# How to complete this task
Omit the pictures, please, and give each record below again exactly.

::::::

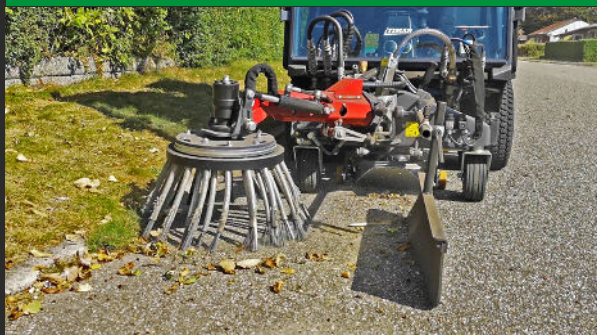

TECHNISCHE DATEN

Wildkrautbürste Timan 3330

Technische Angaben

Drehwinkel	-39,4°/+52,6°
Max. Ölmenge	50 l/min
Max. Leistung	7 kW

Maße und Gewicht

Gewicht	105 Kg
Länge mit Saugmund	1.800 mm
Länge ohne Saugmund	1.200 mm
Höhe	585 mm
Breite	825 mm
Durchlaufbreite mit Saugmund	850 mm
Durchlaufbreite ohne Saugmund	1.690mm

::::::

# Reply to the task
TECHNISCHE DATEN

Wildkrautbürste Timan 3330

Technische Angaben

Drehwinkel	-39,4°/+52,6°
Max. Ölmenge	50 l/min
Max. Leistung	7 kW

Maße und Gewicht

Gewicht	105 Kg
Länge mit Saugmund	1.800 mm
Länge ohne Saugmund	1.200 mm
Höhe	585 mm
Breite	825 mm
Durchlaufbreite mit Saugmund	850 mm
Durchlaufbreite ohne Saugmund	1.690mm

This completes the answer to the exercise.